4 and 5. The complainant seeks instructions upon two other questions. These are (a) whether the nephews and nieces who are to receive the residue after all the six life beneficiaries have died are to take the same per capita or per stirpes, and (b) whether the nephews and nieces who are to take the remainder are to be ascertained as of the date of the testator’s death or as of the date of distribution.

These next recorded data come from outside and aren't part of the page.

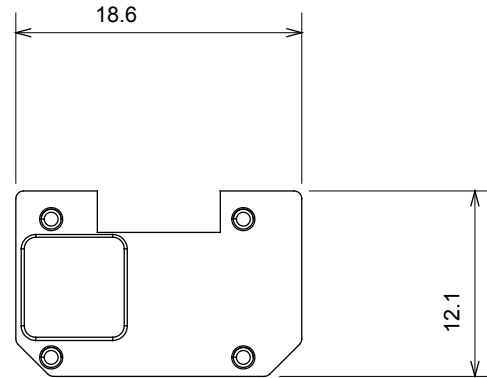

Eine umfangreiche Baureihe von Steuergeräten, Netzteilsteckdosen (gemäß nationalen und internationalen Normen), Signalaufnehmern, Klimaregelung, Komfortmanagement, technischer Alarmierung, Notbeleuchtung. Die modularen ChoruSmart-Geräte sind in fünf Farben verfügbar: glänzend Weiß, Satinweiß, Naturbeige, Satinschwarz und lackiertes Titan sowie in verschiedenen Größen von 1/2, 1, 2 und 3 Modulen. Dank der Montagehalterungen für rechteckige, quadratische und runde Dosen lassen sich vielzählige Kombinationen mit den Abdeckrahmen der ChoruSmarts-Baureihe erstellen.

Kategorie	Austauschbares Symbol	Typ	Beleuchtbar
Farbe	Transparent	Norm	EN 60669-1
Kugeldruckprüfung	125 °C	Glühdrahtprüfung	850 °C
Geeignet für	ZIFFERN	Symbol	Sechs
Material	Technopolymer	Electrocod	0130

### Abmessungen

### Technische Symbole

125 °C

850 °C

The court is asked to give instructions upon these questions notwithstanding they are not at the present calling for answer. How long it will be before the last survivor of the life beneficiaries will die, it is of course impossible to say. The asking of the questions implies a doubt upon them. It does not seem to me advisable for the court to give an answer to them at this time before the eventualities of fact necessitate an answer; because it may very well be that by the time in the future when events will crystalize the facts to which any present answer will apply, births may have introduced new parties who will be interested in the questions now asked. Where there is a present right in a party to have a judicial determination of a controverted right, the fact that future persons may come into being whose interests will be affected by a present adjudication will not prompt the court to postpone to a future time a decision of the question, provided the interests of those who may come into being in futuro are virtually represented by parties in esse. DuPont, et al., v. DuPont, et al., 18 Del. Ch. 316, 159 A. 841. This is so ex necessitate. But where there is no present necessity impelled by existing circumstances—where, in other words, in bills for instructions a question is prematurely raised, this court has declined to express its opinion. It was so in the reported case of Equitable Trust Co. v. McComb, et al., 19 Del. Ch.
Decree in accordance with the foregoing.